Wow, talk about the ultimate in lawn substitutions! If you've been following the news lately, you've probably heard about Slow Food, "an international organization whose aim is to protect the pleasures of the table from homogenization of modern fast food and life."
This weekend, I visited San Francisco's recent contribution to the movement - the Victory Garden planted where sod used to be across from San Francisco's stunning Beaux Art City Hall.
The garden's construction is wonderfully appealing - circular beds created with straw filled bales allowed easy access for the many visitors to wander through. I loved the way the garden mixed edibles and flowers for apractical, yet visually appealing effect.
I also enjoyed several mini-theme gardens, including one showing California Coastal Native Scrub plants. Perhaps if I show this photo to the beach strawberry cheerfully colonizing my shade garden, it will finally be convinced it doesn't belong here and relocate to a new address on the coast.
The slow food movement is not completely without controversy, however. Following is an email from landscape designer Alma Hecht protesting the temporary nature of the Victory Garden.
"...are you aware that the Victory Garden in Civic Center is merely a two-month installation and that it is slated for destruction following the Slow Food Celebration? Only by remaining permanent can the garden be called a true Victory and not a Hypocrisy or Photo Opportunity garden.
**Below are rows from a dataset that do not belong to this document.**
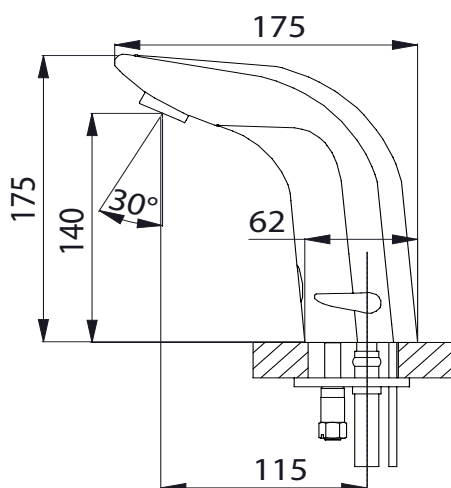

Baterii de lavoar cu senzor și mixer SLU 36

SANELA 
we make water cool®

capac

Caracteristici

- inclusiv control Bluetooth (aplicația Sanela Control disponibilă pentru descărcare)
- perlator economic, debit 6 l/min
- spălare automată de igienizare
- poate fi înlocuit cu capac în cazul în care nu se utilizează
- valvă electromagnetă în corpul bateriei
- cu 2 căi de alimentare temperatura se reglează cu mixer lateral
- reacționează la mâinile utilizatorului sunt în raza activă
- apa se va opri la un anumit interval după îndepărtarea mâinilor din raza activă (valoare reglabilă între 0,25 - 7,75 sec)
- funcție de oprire automată după 5 min. de utilizare continuă
- monitorizarea capacității bateriei (la modelele cu index B)
- funcționare și în regim START/STOP
- configurare și comunicare cu electronica prin aplicația Sanela Control (Bluetooth) sau telecomanda SLD 03

Dimensiuni

Specificații tehnice

Dimensiuni	175 x 175 mm
Greutate	
▪ SLU 36	3,36 kg
▪ SLU 36B	3,36 kg
Tensiune de operare	
▪ SLU 36	24 V DC
▪ SLU 36B	6 V
Putere	
▪ la 24 V DC	2 W
▪ la tensiune de 6 V	2 W
Durata de viață a bateriei	
▪ 4 buc. baterii alcaline AA 1,5 V, 2700 mAh	aprox. 2 ani (100 utilizări/zi)
Raza activă	
▪ standard	0,13 - 0,19 m
▪ program START/STOP	0,05 - 0,15 m
Presiune apă	0,1 - 0,6 MPa
Debit	6 l/min. (dată inf.)
Alimentare apă	filet ext. G 1/2"

Specificații livrare

SLU 36 - cod 03360
SLU 36B - cod 03365

baterie cu mixer, electronică și valvă electromagnetă, inclusiv modul Bluetooth, racorduri flexibile, robineti colț cu filtru și valvă antiretur (2 buc.), dop pentru mixer, set 4 baterii alcaline 1,5 V, 2700 mAh tip AA, locaș baterie (SLU 36B)

The energy to build the Victory Garden and disassemble it and re-sod the area is a shameful waste of resources, insult to the community, and negtion of the Slow Food Movement's intentions..."
Alma's point is well taken, but a different view is held by my fellow designer Shelley Somersett, an East Bay expert on edible gardens, who has been volunteering time in the Victory Garden. Shelley feels that any effort to educate the public and raise awareness around our need to embrace a healthy food system is a worthy one. As somone who generally has to be bonked over the head multiple times before embracing a new idea, I see her point as well.
So, I'm on the fence - what do you think?